• [What is needed]:
Each record below must come back exactly as written; its pictures must not.

_____

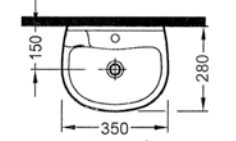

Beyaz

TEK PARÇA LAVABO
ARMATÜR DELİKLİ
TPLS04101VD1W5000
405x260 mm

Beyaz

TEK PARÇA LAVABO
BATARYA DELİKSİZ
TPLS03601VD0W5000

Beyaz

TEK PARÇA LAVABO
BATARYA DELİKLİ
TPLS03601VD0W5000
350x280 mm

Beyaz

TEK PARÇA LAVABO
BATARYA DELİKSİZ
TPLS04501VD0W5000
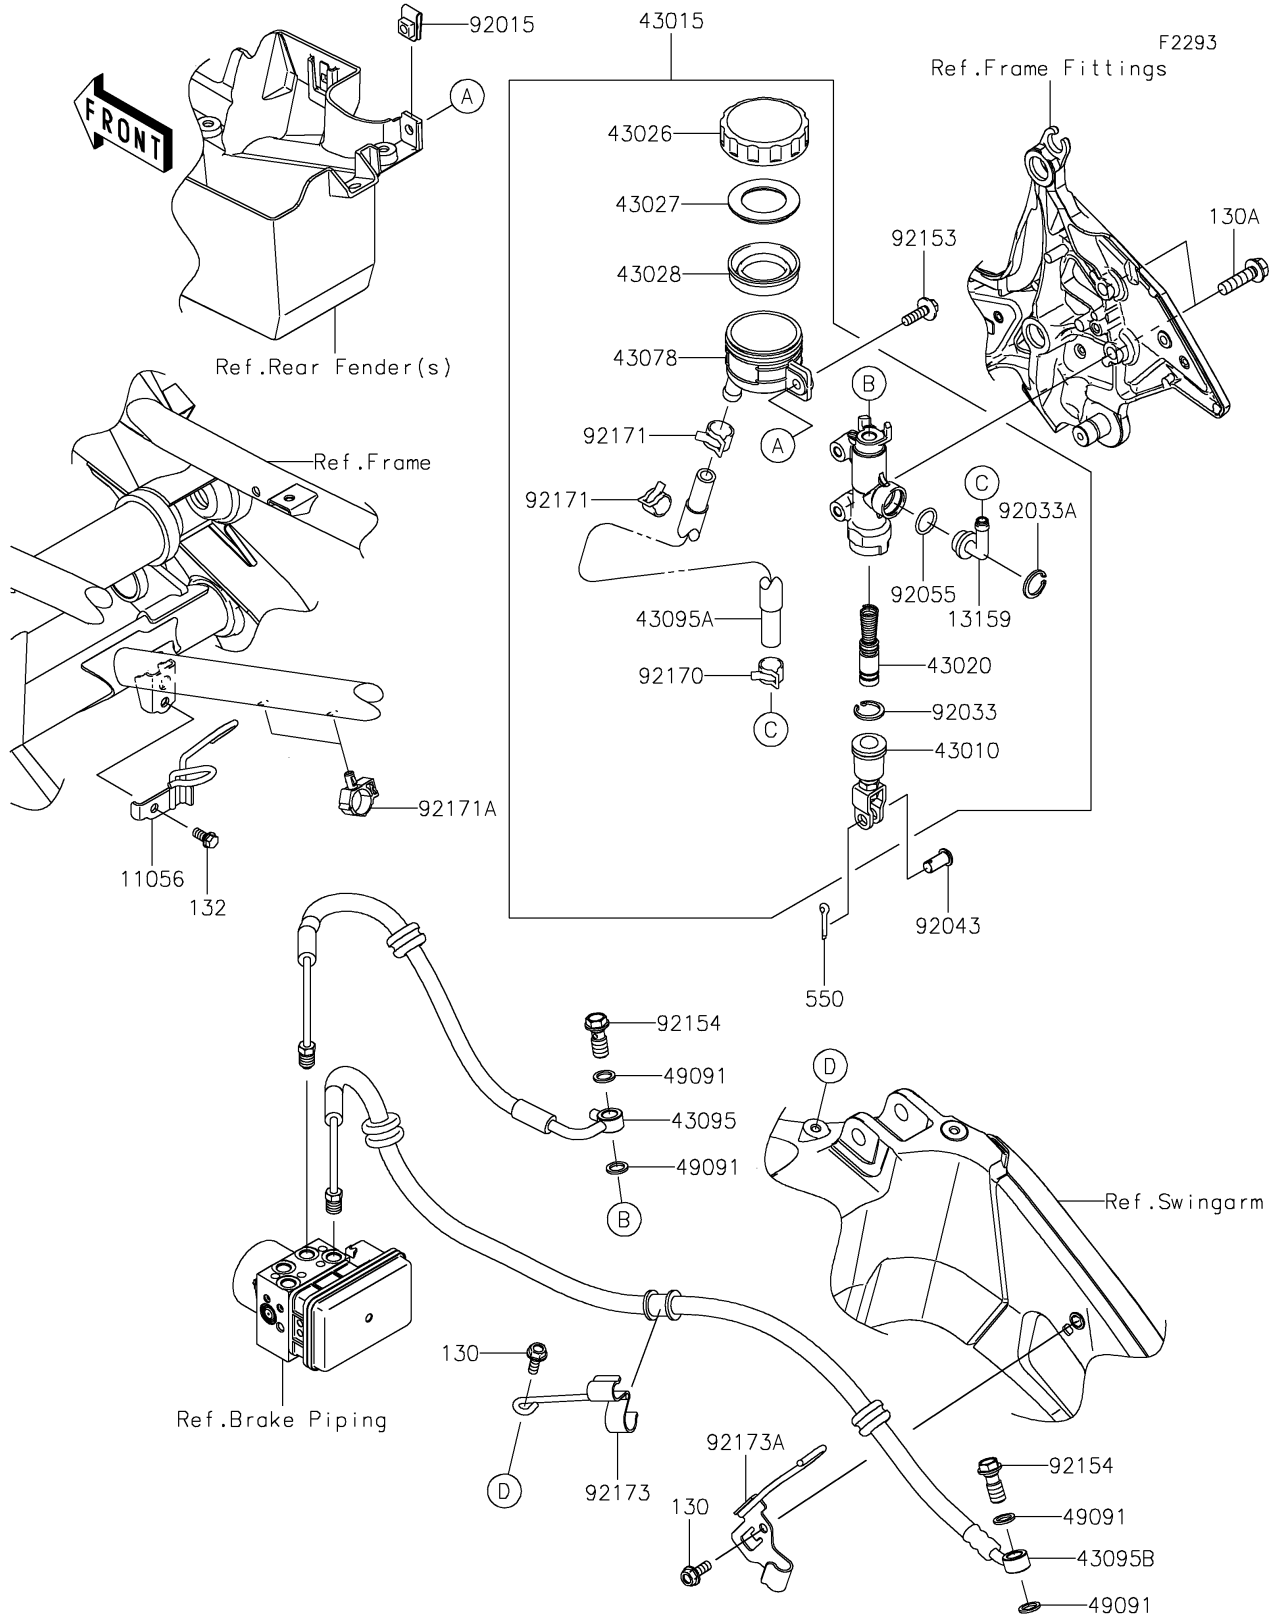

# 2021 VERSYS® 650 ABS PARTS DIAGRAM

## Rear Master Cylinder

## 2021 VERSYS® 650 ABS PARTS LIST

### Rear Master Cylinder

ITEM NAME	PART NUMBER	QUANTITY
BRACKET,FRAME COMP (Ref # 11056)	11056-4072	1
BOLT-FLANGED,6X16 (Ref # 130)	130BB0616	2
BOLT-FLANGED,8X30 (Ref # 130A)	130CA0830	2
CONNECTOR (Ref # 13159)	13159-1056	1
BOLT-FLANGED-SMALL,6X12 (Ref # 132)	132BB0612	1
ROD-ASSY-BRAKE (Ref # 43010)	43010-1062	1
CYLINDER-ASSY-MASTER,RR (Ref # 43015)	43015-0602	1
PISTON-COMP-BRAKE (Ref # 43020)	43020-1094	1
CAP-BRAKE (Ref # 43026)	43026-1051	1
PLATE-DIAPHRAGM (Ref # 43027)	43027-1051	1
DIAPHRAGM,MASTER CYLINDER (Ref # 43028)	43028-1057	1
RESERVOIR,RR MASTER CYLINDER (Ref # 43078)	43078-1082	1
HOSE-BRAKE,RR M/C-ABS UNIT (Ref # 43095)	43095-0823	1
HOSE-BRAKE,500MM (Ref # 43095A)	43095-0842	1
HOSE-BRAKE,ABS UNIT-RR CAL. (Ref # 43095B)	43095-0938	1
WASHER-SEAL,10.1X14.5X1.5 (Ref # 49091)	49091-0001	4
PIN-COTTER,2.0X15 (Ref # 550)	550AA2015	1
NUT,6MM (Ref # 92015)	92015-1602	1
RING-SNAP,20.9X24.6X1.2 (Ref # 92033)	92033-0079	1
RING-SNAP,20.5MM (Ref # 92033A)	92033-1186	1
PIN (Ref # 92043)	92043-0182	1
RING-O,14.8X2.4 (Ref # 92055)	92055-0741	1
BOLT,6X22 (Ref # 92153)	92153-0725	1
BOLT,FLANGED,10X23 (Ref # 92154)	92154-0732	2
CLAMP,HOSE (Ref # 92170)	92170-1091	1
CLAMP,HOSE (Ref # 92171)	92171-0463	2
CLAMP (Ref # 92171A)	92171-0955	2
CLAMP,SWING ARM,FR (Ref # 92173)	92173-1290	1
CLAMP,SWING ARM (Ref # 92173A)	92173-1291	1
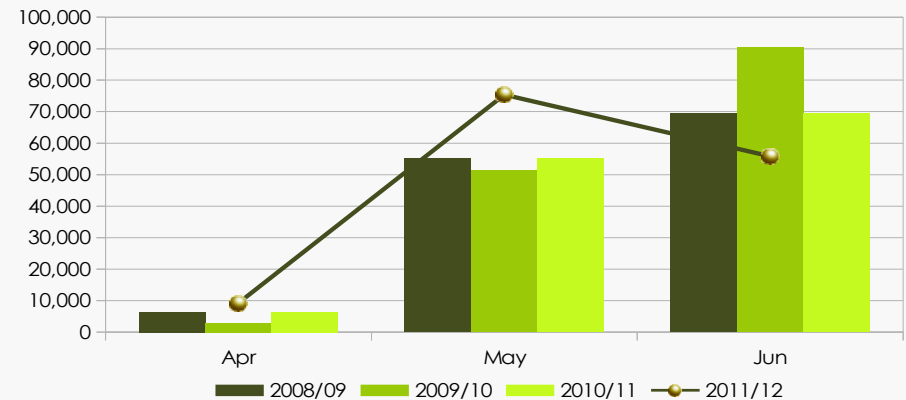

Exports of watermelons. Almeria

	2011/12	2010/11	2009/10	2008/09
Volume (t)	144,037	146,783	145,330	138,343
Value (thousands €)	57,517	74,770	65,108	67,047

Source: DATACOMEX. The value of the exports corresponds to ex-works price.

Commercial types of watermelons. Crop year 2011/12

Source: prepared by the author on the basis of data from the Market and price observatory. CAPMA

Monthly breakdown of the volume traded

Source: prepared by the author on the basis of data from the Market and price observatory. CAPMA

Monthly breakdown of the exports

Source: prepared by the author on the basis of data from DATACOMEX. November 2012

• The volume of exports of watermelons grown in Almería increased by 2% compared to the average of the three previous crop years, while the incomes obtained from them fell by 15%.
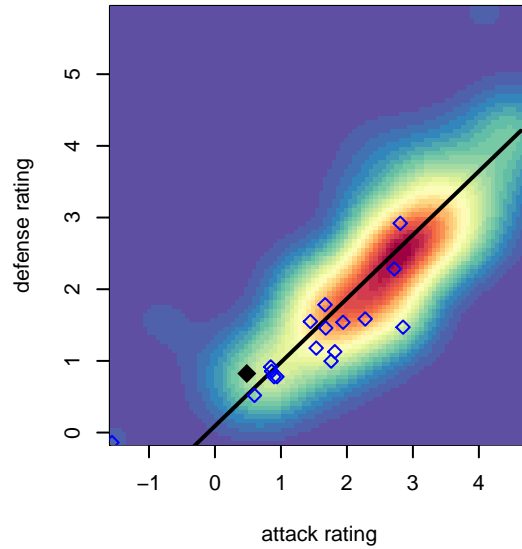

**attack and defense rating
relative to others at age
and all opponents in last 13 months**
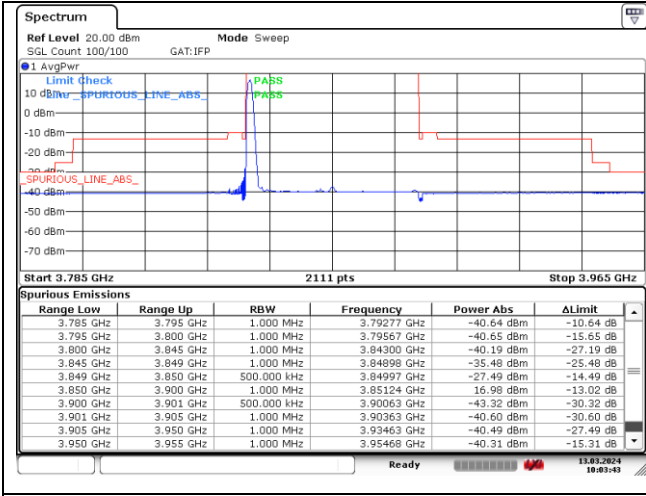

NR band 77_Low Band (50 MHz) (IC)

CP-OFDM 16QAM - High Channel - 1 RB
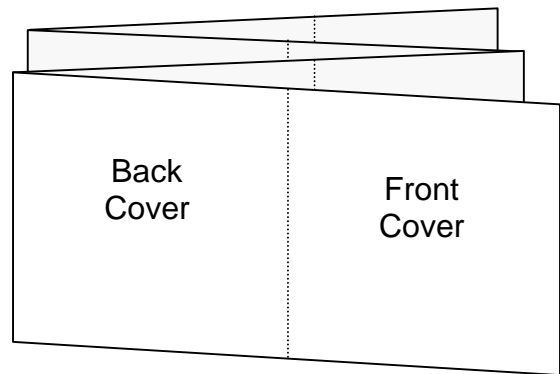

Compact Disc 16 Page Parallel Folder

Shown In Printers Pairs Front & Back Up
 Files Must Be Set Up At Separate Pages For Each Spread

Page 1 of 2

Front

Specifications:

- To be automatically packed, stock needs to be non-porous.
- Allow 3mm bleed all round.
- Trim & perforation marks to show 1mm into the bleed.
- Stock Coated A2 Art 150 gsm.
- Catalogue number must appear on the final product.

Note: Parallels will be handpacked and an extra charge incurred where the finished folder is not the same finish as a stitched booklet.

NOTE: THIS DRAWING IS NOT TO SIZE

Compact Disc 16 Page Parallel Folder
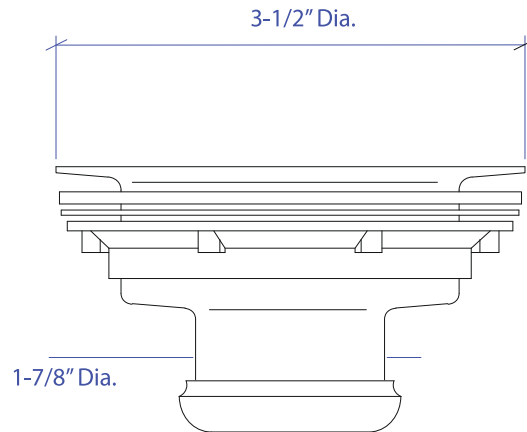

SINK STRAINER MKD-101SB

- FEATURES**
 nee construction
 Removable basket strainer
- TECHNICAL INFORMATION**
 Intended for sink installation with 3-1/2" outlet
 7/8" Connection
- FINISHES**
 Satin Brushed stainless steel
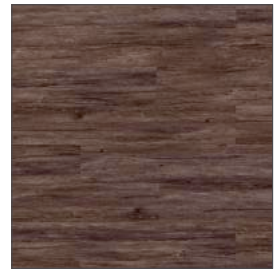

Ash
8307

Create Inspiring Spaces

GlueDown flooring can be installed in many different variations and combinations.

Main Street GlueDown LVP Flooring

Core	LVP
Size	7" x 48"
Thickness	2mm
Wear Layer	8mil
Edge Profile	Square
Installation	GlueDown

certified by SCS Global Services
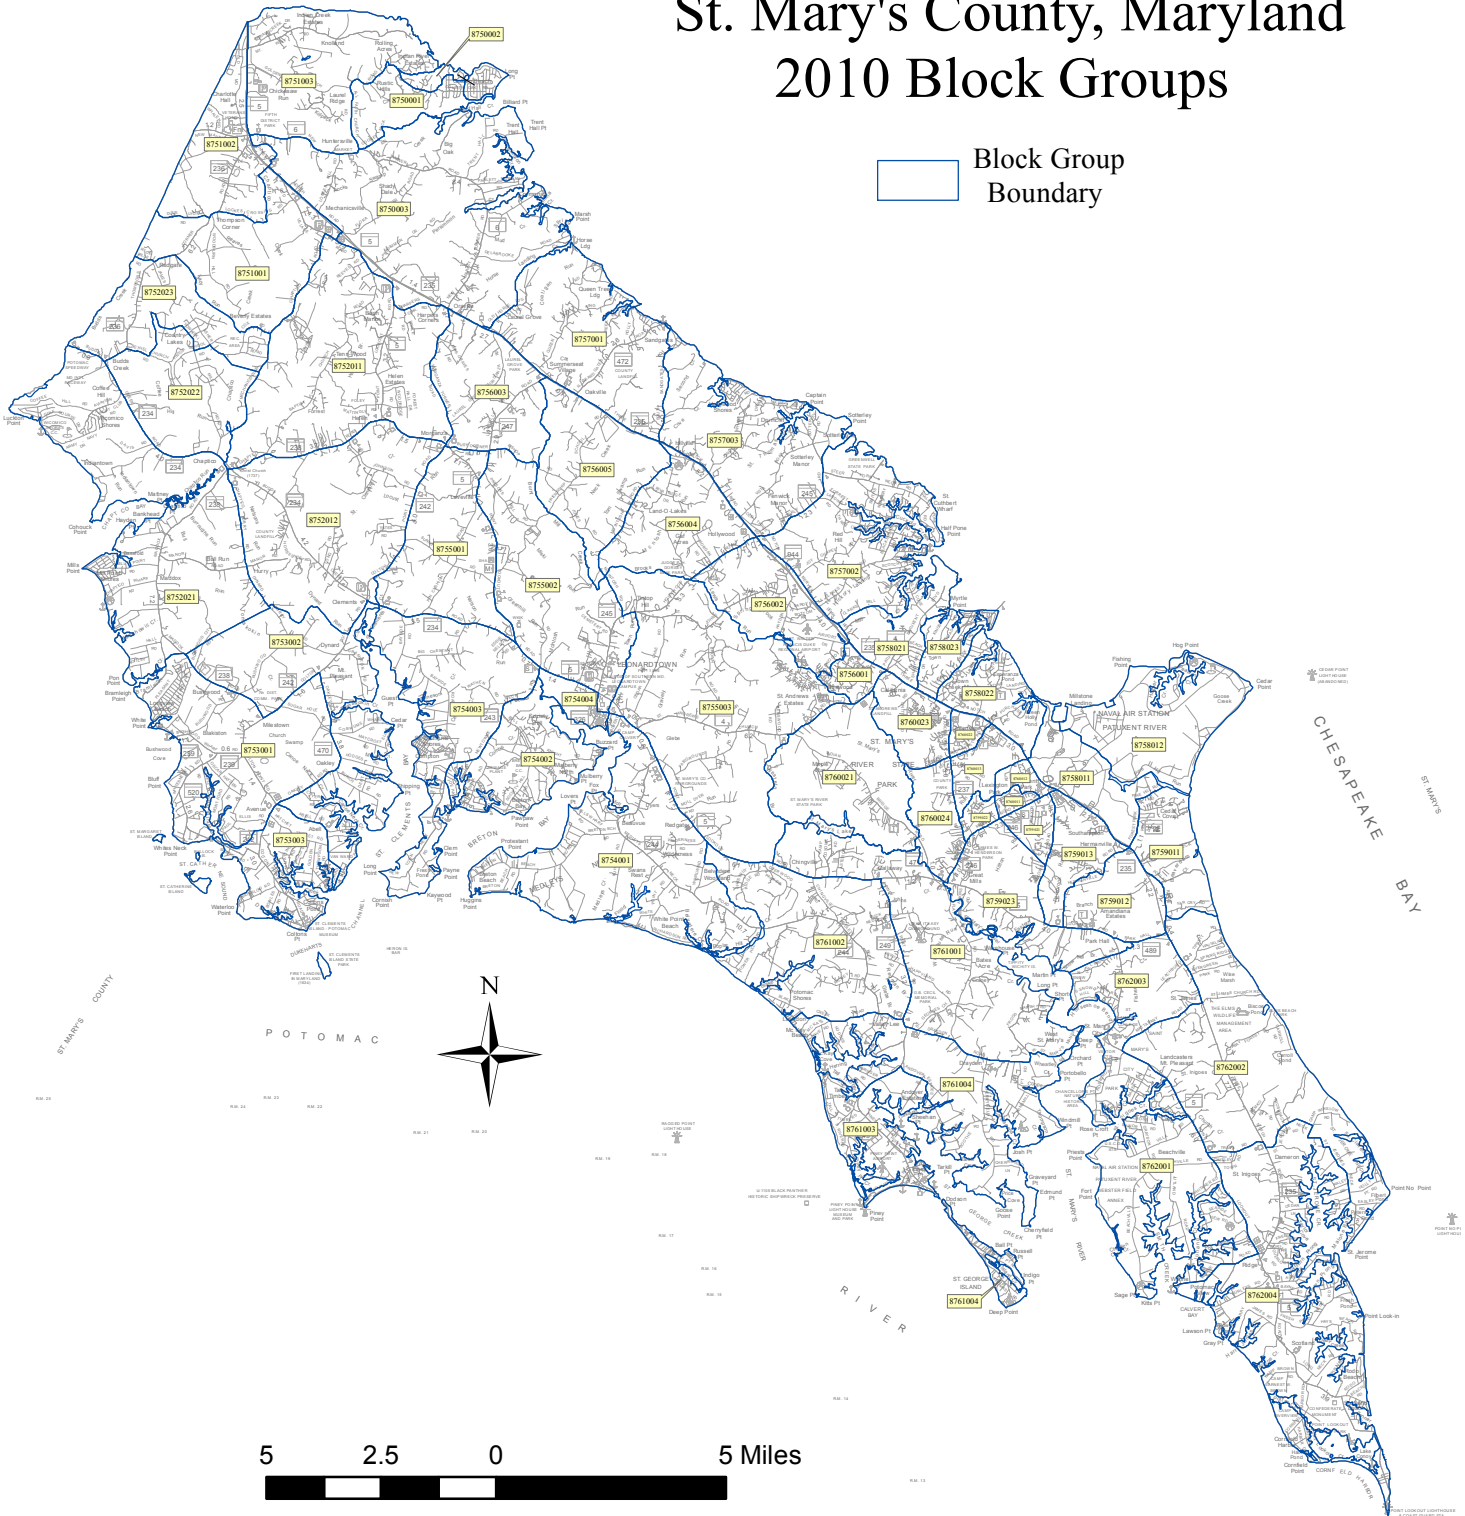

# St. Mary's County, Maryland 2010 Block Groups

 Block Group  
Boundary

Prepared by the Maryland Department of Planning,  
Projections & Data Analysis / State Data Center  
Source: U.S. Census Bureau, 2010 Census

_____

• [Task result]:
Beyaz

TEK PARÇA LAVABO
ARMATÜR DELİKLİ
TPLS04101VD1W5000
405x260 mm

Beyaz

TEK PARÇA LAVABO
BATARYA DELİKSİZ
TPLS03601VD0W5000

Beyaz

TEK PARÇA LAVABO
BATARYA DELİKLİ
TPLS03601VD0W5000
350x280 mm

Beyaz

TEK PARÇA LAVABO
BATARYA DELİKSİZ
TPLS04501VD0W5000

# 2021 VERSYS® 650 ABS PARTS DIAGRAM

## Rear Master Cylinder

## 2021 VERSYS® 650 ABS PARTS LIST

### Rear Master Cylinder

ITEM NAME	PART NUMBER	QUANTITY
BRACKET,FRAME COMP (Ref # 11056)	11056-4072	1
BOLT-FLANGED,6X16 (Ref # 130)	130BB0616	2
BOLT-FLANGED,8X30 (Ref # 130A)	130CA0830	2
CONNECTOR (Ref # 13159)	13159-1056	1
BOLT-FLANGED-SMALL,6X12 (Ref # 132)	132BB0612	1
ROD-ASSY-BRAKE (Ref # 43010)	43010-1062	1
CYLINDER-ASSY-MASTER,RR (Ref # 43015)	43015-0602	1
PISTON-COMP-BRAKE (Ref # 43020)	43020-1094	1
CAP-BRAKE (Ref # 43026)	43026-1051	1
PLATE-DIAPHRAGM (Ref # 43027)	43027-1051	1
DIAPHRAGM,MASTER CYLINDER (Ref # 43028)	43028-1057	1
RESERVOIR,RR MASTER CYLINDER (Ref # 43078)	43078-1082	1
HOSE-BRAKE,RR M/C-ABS UNIT (Ref # 43095)	43095-0823	1
HOSE-BRAKE,500MM (Ref # 43095A)	43095-0842	1
HOSE-BRAKE,ABS UNIT-RR CAL. (Ref # 43095B)	43095-0938	1
WASHER-SEAL,10.1X14.5X1.5 (Ref # 49091)	49091-0001	4
PIN-COTTER,2.0X15 (Ref # 550)	550AA2015	1
NUT,6MM (Ref # 92015)	92015-1602	1
RING-SNAP,20.9X24.6X1.2 (Ref # 92033)	92033-0079	1
RING-SNAP,20.5MM (Ref # 92033A)	92033-1186	1
PIN (Ref # 92043)	92043-0182	1
RING-O,14.8X2.4 (Ref # 92055)	92055-0741	1
BOLT,6X22 (Ref # 92153)	92153-0725	1
BOLT,FLANGED,10X23 (Ref # 92154)	92154-0732	2
CLAMP,HOSE (Ref # 92170)	92170-1091	1
CLAMP,HOSE (Ref # 92171)	92171-0463	2
CLAMP (Ref # 92171A)	92171-0955	2
CLAMP,SWING ARM,FR (Ref # 92173)	92173-1290	1
CLAMP,SWING ARM (Ref # 92173A)	92173-1291	1

Exports of watermelons. Almeria

	2011/12	2010/11	2009/10	2008/09
Volume (t)	144,037	146,783	145,330	138,343
Value (thousands €)	57,517	74,770	65,108	67,047

Source: DATACOMEX. The value of the exports corresponds to ex-works price.

Commercial types of watermelons. Crop year 2011/12

Source: prepared by the author on the basis of data from the Market and price observatory. CAPMA

Monthly breakdown of the volume traded

Source: prepared by the author on the basis of data from the Market and price observatory. CAPMA

Monthly breakdown of the exports

Source: prepared by the author on the basis of data from DATACOMEX. November 2012

• The volume of exports of watermelons grown in Almería increased by 2% compared to the average of the three previous crop years, while the incomes obtained from them fell by 15%.

**attack and defense rating
relative to others at age
and all opponents in last 13 months**

NR band 77_Low Band (50 MHz) (IC)

CP-OFDM 16QAM - High Channel - 1 RB

Compact Disc 16 Page Parallel Folder

Shown In Printers Pairs Front & Back Up
 Files Must Be Set Up At Separate Pages For Each Spread

Page 1 of 2

Front

Specifications:

- To be automatically packed, stock needs to be non-porous.
- Allow 3mm bleed all round.
- Trim & perforation marks to show 1mm into the bleed.
- Stock Coated A2 Art 150 gsm.
- Catalogue number must appear on the final product.

Note: Parallels will be handpacked and an extra charge incurred where the finished folder is not the same finish as a stitched booklet.

NOTE: THIS DRAWING IS NOT TO SIZE

Compact Disc 16 Page Parallel Folder

SINK STRAINER MKD-101SB

- FEATURES**
 nee construction
 Removable basket strainer
- TECHNICAL INFORMATION**
 Intended for sink installation with 3-1/2" outlet
 7/8" Connection
- FINISHES**
 Satin Brushed stainless steel

Ash
8307

Create Inspiring Spaces

GlueDown flooring can be installed in many different variations and combinations.

Main Street GlueDown LVP Flooring

Core	LVP
Size	7" x 48"
Thickness	2mm
Wear Layer	8mil
Edge Profile	Square
Installation	GlueDown

certified by SCS Global Services

# St. Mary's County, Maryland 2010 Block Groups

 Block Group  
Boundary

Prepared by the Maryland Department of Planning,  
Projections & Data Analysis / State Data Center  
Source: U.S. Census Bureau, 2010 Census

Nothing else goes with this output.